◆ Exercise requirements:
Give back every entry precisely as written, without any of the images.

◆ Extracted information:

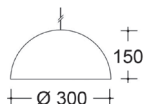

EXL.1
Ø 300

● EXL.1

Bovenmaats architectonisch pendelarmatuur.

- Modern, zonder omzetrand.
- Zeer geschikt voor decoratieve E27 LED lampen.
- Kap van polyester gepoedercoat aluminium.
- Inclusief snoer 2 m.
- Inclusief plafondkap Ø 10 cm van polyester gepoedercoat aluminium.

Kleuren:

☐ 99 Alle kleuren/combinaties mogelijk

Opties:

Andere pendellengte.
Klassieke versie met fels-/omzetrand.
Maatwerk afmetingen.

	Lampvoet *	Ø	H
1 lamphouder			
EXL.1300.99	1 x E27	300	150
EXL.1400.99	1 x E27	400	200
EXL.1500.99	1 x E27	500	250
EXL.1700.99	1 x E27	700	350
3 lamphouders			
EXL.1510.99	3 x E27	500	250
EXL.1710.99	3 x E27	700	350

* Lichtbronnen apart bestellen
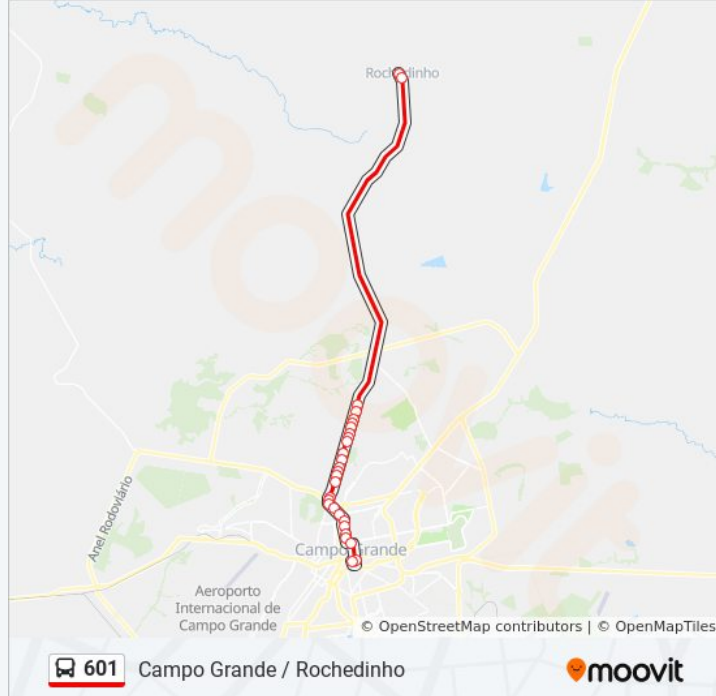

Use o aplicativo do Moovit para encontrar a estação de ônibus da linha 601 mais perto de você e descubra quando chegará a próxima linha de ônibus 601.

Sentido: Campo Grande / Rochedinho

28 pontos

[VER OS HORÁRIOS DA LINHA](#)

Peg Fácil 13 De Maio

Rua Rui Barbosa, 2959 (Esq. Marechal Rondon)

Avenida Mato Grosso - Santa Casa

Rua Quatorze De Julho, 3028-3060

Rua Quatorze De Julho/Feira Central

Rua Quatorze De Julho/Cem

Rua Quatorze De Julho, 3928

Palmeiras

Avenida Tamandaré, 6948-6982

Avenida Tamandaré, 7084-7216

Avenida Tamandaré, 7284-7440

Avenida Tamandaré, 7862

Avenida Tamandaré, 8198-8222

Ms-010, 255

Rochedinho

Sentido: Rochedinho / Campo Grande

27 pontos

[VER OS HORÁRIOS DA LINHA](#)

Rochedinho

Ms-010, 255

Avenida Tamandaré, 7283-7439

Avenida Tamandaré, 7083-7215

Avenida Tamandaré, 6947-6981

◆ Answer box:
EXL.1
Ø 300

● EXL.1

Bovenmaats architectonisch pendelarmatuur.

- Modern, zonder omzetrand.
- Zeer geschikt voor decoratieve E27 LED lampen.
- Kap van polyester gepoedercoat aluminium.
- Inclusief snoer 2 m.
- Inclusief plafondkap Ø 10 cm van polyester gepoedercoat aluminium.

Kleuren:

☐ 99 Alle kleuren/combinaties mogelijk

Opties:

Andere pendellengte.
Klassieke versie met fels-/omzetrand.
Maatwerk afmetingen.

	Lampvoet *	Ø	H
1 lamphouder			
EXL.1300.99	1 x E27	300	150
EXL.1400.99	1 x E27	400	200
EXL.1500.99	1 x E27	500	250
EXL.1700.99	1 x E27	700	350
3 lamphouders			
EXL.1510.99	3 x E27	500	250
EXL.1710.99	3 x E27	700	350

* Lichtbronnen apart bestellen

Use o aplicativo do Moovit para encontrar a estação de ônibus da linha 601 mais perto de você e descubra quando chegará a próxima linha de ônibus 601.

Sentido: Campo Grande / Rochedinho

28 pontos

[VER OS HORÁRIOS DA LINHA](#)

Peg Fácil 13 De Maio

Rua Rui Barbosa, 2959 (Esq. Marechal Rondon)

Avenida Mato Grosso - Santa Casa

Rua Quatorze De Julho, 3028-3060

Rua Quatorze De Julho/Feira Central

Rua Quatorze De Julho/Cem

Rua Quatorze De Julho, 3928

Palmeiras

Avenida Tamandaré, 6948-6982

Avenida Tamandaré, 7084-7216

Avenida Tamandaré, 7284-7440

Avenida Tamandaré, 7862

Avenida Tamandaré, 8198-8222

Ms-010, 255

Rochedinho

Sentido: Rochedinho / Campo Grande

27 pontos

[VER OS HORÁRIOS DA LINHA](#)

Rochedinho

Ms-010, 255

Avenida Tamandaré, 7283-7439

Avenida Tamandaré, 7083-7215

Avenida Tamandaré, 6947-6981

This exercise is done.